Kanchan Joshi <joshiiitr@xxxxxxxxx> · Mon, 1 May 2023 17:06:24 +0530

On Sat, Apr 29, 2023 at 10:55 PM Jens Axboe <axboe@xxxxxxxxx> wrote:
>
> On 4/29/23 3:39?AM, Kanchan Joshi wrote:
> > This series shows one way to do what the title says.
> > This puts up a more direct/lean path that enables
> >  - submission from io_uring SQE to NVMe SQE
> >  - completion from NVMe CQE to io_uring CQE
> > Essentially cutting the hoops (involving request/bio) for nvme io path.
> >
> > Also, io_uring ring is not to be shared among application threads.
> > Application is responsible for building the sharing (if it feels the
> > need). This means ring-associated exclusive queue can do away with some
> > synchronization costs that occur for shared queue.
> >
> > Primary objective is to amp up of efficiency of kernel io path further
> > (towards PCIe gen N, N+1 hardware).
> > And we are seeing some asks too [1].
> >
> > Building-blocks
> > ===============
> > At high level, series can be divided into following parts -
> >
> > 1. nvme driver starts exposing some queue-pairs (SQ+CQ) that can
> > be attached to other in-kernel user (not just to block-layer, which is
> > the case at the moment) on demand.
> >
> > Example:
> > insmod nvme.ko poll_queus=1 raw_queues=2
> >
> > nvme0: 24/0/1/2 default/read/poll queues/raw queues
> >
> > While driver registers other queues with block-layer, raw-queues are
> > rather reserved for exclusive attachment with other in-kernel users.

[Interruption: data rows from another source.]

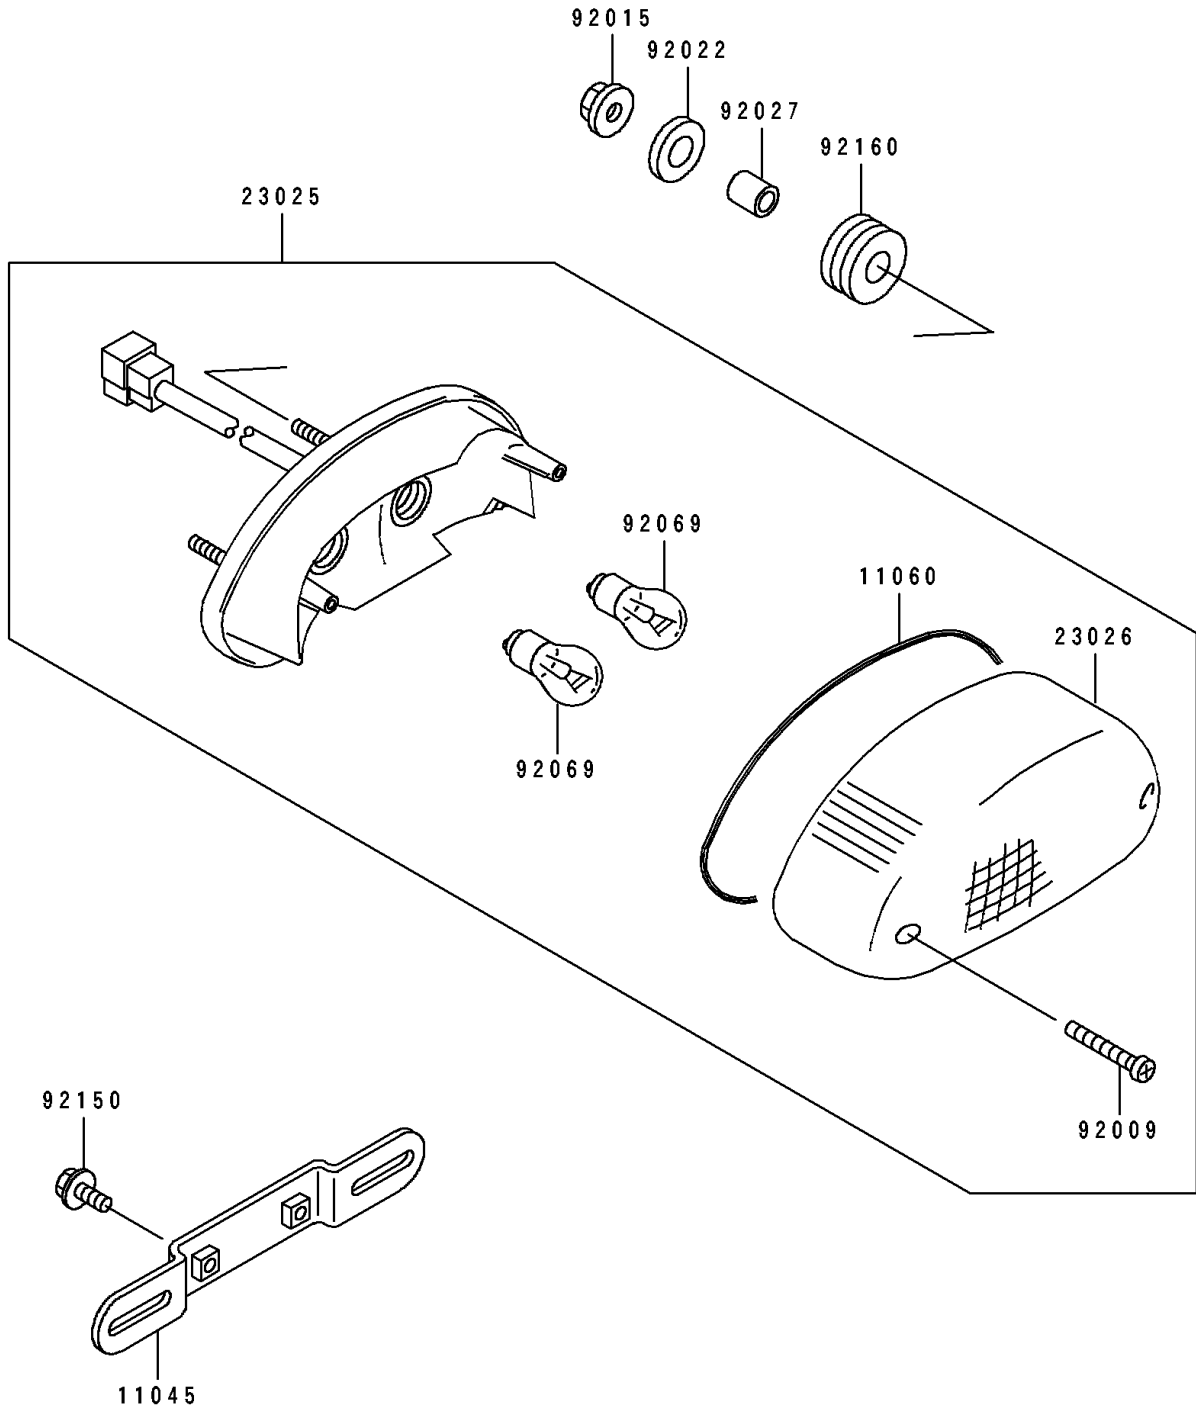

1994 ZR1100 Zephyr PARTS DIAGRAM

Taillight(s)

F2720

1994 ZR1100 Zephyr PARTS LIST

Taillight(s)

ITEM NAME	PART NUMBER	QUANTITY
BRACKET,LICENSE (Ref # 11045)	11045-1387	1
GASKET,TAIL LAMP LENS (Ref # 11060)	11060-1267	1
LAMP-TAIL (Ref # 23025)	23025-1228	1
LENS,TAIL LAMP (Ref # 23026)	23026-1134	1
SCREW,TAPPING,4X20 (Ref # 92009)	92009-1378	2
NUT,FLANGED,6MM (Ref # 92015)	92015-1367	3
WASHER,6.5X20X1.6 (Ref # 92022)	92022-1557	3
COLLAR,6.8X10X12 (Ref # 92027)	92027-162	3
BULB,12V 27/8W (Ref # 92069)	92069-059	2
BOLT,6X16 (Ref # 92150)	92150-1909	2
DAMPER (Ref # 92160)	92160-1162	3

> > At this point, each raw-queue is interrupt-disabled (similar to
> > poll_queues). Maybe we need a better name for these (e.g. app/user queues).
> > [Refer: patch 2]
> >
> > 2. register/unregister queue interface
> > (a) one for io_uring application to ask for device-queue and register
> > with the ring. [Refer: patch 4]
> > (b) another at nvme so that other in-kernel users (io_uring for now) can
> > ask for a raw-queue. [Refer: patch 3, 5, 6]
> >
> > The latter returns a qid, that io_uring stores internally (not exposed
> > to user-space) in the ring ctx. At max one queue per ring is enabled.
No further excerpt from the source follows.